I wanted to make sure he understood that I was no sucker for his cheap tricks. I showed up with both me eyes in full working order, no leprosy, and walking successfully on both my legs. I had my own wine, and my own loaves and fishes. I wasn’t going to share with anyone because I am not one of those suckers for a gaunt face or a hand outstretched palm. Nobody gives you anything in life. You have to grab it, hold it, and fight off anyone that tries anything suspicious. That’s the first thing you learn on the bus before you even have your route figured out, or the cost of the fare. People will take advantage of you let them. But not me.

I walked around in front of all those sick people. I didn’t let any of them touch me.

When it was my turn I didn’t believe for a minute anything was going to happen. Nothing at all would happen.

The wizard called to me from behind the curtain. I brought all my stuff with me, so he could see I didn’t need anything from him. His magic was nothing to me. He asked me what I wanted from him, if I needed anything.

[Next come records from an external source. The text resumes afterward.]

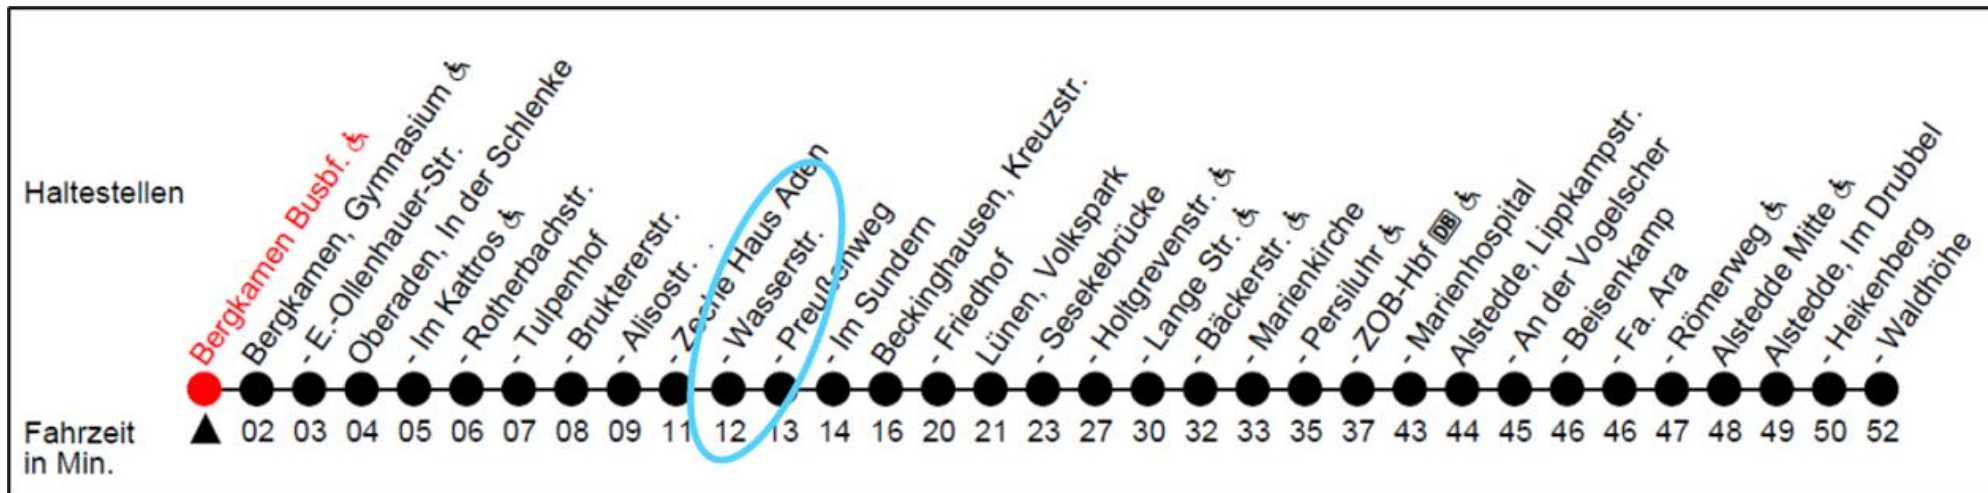

A - Fahrt bis Lünen, ZOB-Hbf ■ B - Fahrt bis Alstedde Mitte; weiter als R12 bis Alstedde Waidhöhe

Informationen zum veränderten Fahrplan zu Weihnachten und zum Jahreswechsel erhalten Sie per Tel. und im Internet.

Aushang-fahr-plan Teil 1

Hier steht der Name der Halte-stelle.

● **Kamen Bahnhof  A**

R81 Richtung: Bergkamen - Rünthe - Werne

R81 ist die Nummer der Bus-linie.

Sie fährt über Oberaden und Lünen nach Alstedde.

Aushang-fahr-plan Teil 2

Das sind alle Halte-stellen, zu denen der Bus fährt.

Rot = hier stehst Du.

Schwarz = da fährt der Bus noch hin.

So lange braucht der Bus zwischen den Haltestellen.

Von Bergkamen Bus-bahnhof zur Wasserstraße sind es 12 Minuten.

Der Aushang-fahr-plan Teil 4

Manchmal steht hinter der Abfahrts-zeit ein Buchstabe.
Was das bedeutet steht auf dem Fahr-plan ganz unten.

A = Fahrt bis Lünen, ZOB-Hbf 

B = Fahrt bis Alstedde Mitte; weiter als R12 bis Alstedde Waldhöhe

I told him it was all a sucker’s game giving away all that to people for nothing.

The wizard gave me a giant bird. It tore my liver out on the spot with a beak like sandpiper – those scalpel beaks. He offered to save me, but I told him where to stick it. It was all his fault about the bird, and I wasn’t about to give him the satisfaction.

***Edit to add: typing on iPhones is always a bit wonky. Fixes and changes made.